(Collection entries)
▬▬▬▬▬▬▬▬▬▬
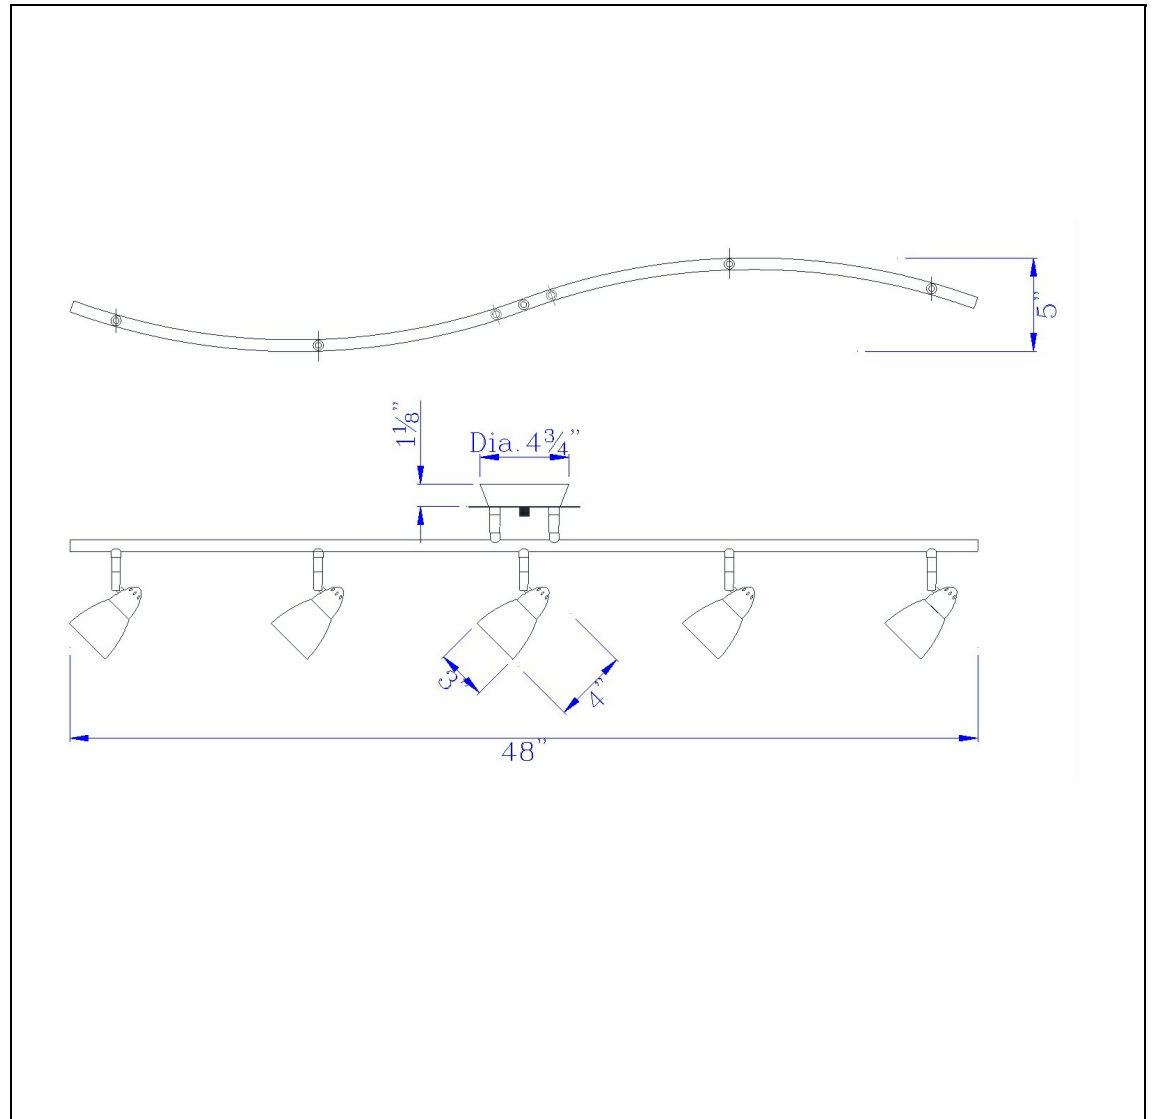

Product No. **SL-735-RU-WSW**

Description

LED 8W X 5 Ac Serpentine Rail Light, 2600 Lumen, Dimmable
Durable Glass and Metal Construction
Hand blown glass shades
Fixture is Dimmable
2600 Lumen output
Ships in one Carton
Dimmable with Lutron dimmers #: DVCL-153P, SCL-153P, AYCL-153P, CTCL-153P, DVCL-253P, DVSCLL-253P,
Dimmable with Lutron dimmers #: DVCL-153P, SCL-153P, AYCL-153P, CTCL-153P, DVCL-253P, DVSCLL-253P,
Led Metal Serpentine with Shade

Technical Specifications

UPC	020193067284	Carton 1 Dimensions	0.00 x 9.30 x 9.30
Wattage	LED 8WX5	Carton 2 Dimensions	0.00 x 0.00 x 9.30
CRI	90	Package Dimensions	L: 9.30 W: 9.30
Lumen	3250		
Switch Type	Hardwired		
Bulb Base	LED		
Number of Lights	5		
Color	Rust		
Base Color	Rust
▬▬▬▬▬▬▬▬▬▬
# Your objective:
Output the whole of the data, unchanged; keep the pictures out.

# Exercise solution:
Product No. **SL-735-RU-WSW**

Description

LED 8W X 5 Ac Serpentine Rail Light, 2600 Lumen, Dimmable
Durable Glass and Metal Construction
Hand blown glass shades
Fixture is Dimmable
2600 Lumen output
Ships in one Carton
Dimmable with Lutron dimmers #: DVCL-153P, SCL-153P, AYCL-153P, CTCL-153P, DVCL-253P, DVSCLL-253P,
Dimmable with Lutron dimmers #: DVCL-153P, SCL-153P, AYCL-153P, CTCL-153P, DVCL-253P, DVSCLL-253P,
Led Metal Serpentine with Shade

Technical Specifications

UPC	020193067284	Carton 1 Dimensions	0.00 x 9.30 x 9.30
Wattage	LED 8WX5	Carton 2 Dimensions	0.00 x 0.00 x 9.30
CRI	90	Package Dimensions	L: 9.30 W: 9.30
Lumen	3250		
Switch Type	Hardwired		
Bulb Base	LED		
Number of Lights	5		
Color	Rust		
Base Color	Rust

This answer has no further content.